Rendering of each gene cascade was performed using Cytoscape. Nodes indicate each gene in the cascade. Edges indicate the interactions between two genes. Large and intermediate nodes indicate the query genes and the direct target of the query genes, respectively. Other nodes indicate downstream genes. Green nodes indicate genes that are expressed during the early embryonic stage. Purple nodes indicate presumptive early embryonic genes. Red, blue, and black edges indicate positive regulation, negative regulation, and genetic interactions, respectively. Dotted lines indicate protein-protein interactions. (A) spn-4-mediated gene cascade. (B) mex-1-mediated gene cascade. (C) mex-3-mediated gene cascade.

https://doi.org/10.1371/journal.pone.0215187.g002

Extraction of gene cascade-specific domains using Gene Cascade Finder

The genes and domains located at the bottom of the gene cascade were extracted for functional analysis of the predicted gene cascade (S10 Table). Overall, 53, 146, and 143 genes with 32, 34, and 54 specific domains as the bottom gene were extracted from the gene cascades in the spn-4, mex-1, and mex-3 mutants, respectively.

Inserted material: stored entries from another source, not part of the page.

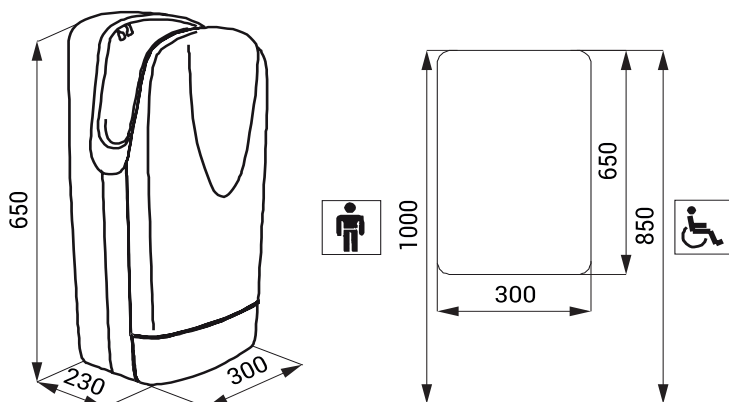

Uscător mâini SLO 01L, SLO 01S

SLO 01L

SLO 01S

Caracteristici

- uscător de mâini de perete
- pornește și se oprește o dată cu introducerea respectiv îndepărtarea mâinilor în uscător
- timp de funcționare 3 - 33 sec, standard reglat la 20 sec
- apa se scurge în recipientul de la baza uscătorului și nu ajunge pe pardoseală

Dimensiuni

Specificații tehnice

Dimensiuni	650 x 300 x 230 mm
Tensiune de operare	230 V/50 Hz
Putere	2000 W
Viteză aer	300 km/h
Protecție	clasa II, IP 31
Greutate	9,5 kg
Zgomot	< 90 dB

Specificații livrare

SLO 01L - cod 79011	uscator de mâini automat, carcasă plastic albă
SLO 01S - cod 79012	uscator de mâini automat, carcasă plastic neagră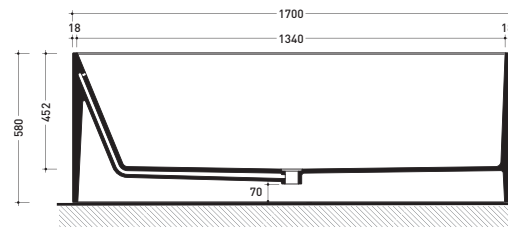

Package dim. **206 x 93 x 72 cm** | Weight **170 kg** | Pz. Pallet n° **1**

UNI EN 14516 - CL1 Dop-No14516

vista zenitale / zenital view

**Capacità Max / Max Capacity 350 L.**  
**Peso Netto / Net Weight 170 Kg.**

Package dim. **206 x 93 x 72 cm** | Weight **170 kg** | Pz. Pallet n° **1**

UNI EN 14516 - CL1 **Dop-No14516**

vista zenitale / zenital view

**Capacità Max / Max Capacity 350 L.**  
**Peso Netto / Net Weight 170 Kg.**

vista frontale / frontal view

sezione laterale / section

vista laterale / lateral view

sezione longitudinale / section

sizes in mm

Please consider a 2% tolerance on indicated measurements

PIETRALUCE: glossy finish

Domain analysis of spn-4, mex-1, and mex-3 cascades

To predict the functions of the gene cascades, we focused on the functions of genes localized at the bottom of the gene cascade by analyzing the domains of the gene products using the Pfam protein family database. The functions of the 53 SPN-4-mediated genes were obtained as bottom genes to calculate the functional trends in the spn-4 cascade. Within the 53 bottom genes, 32 domains were classified based on information from the Pfam database (Table 1) [41]. When we calculated the numbers of these genes, transcription and signal transduction were obtained at high frequency.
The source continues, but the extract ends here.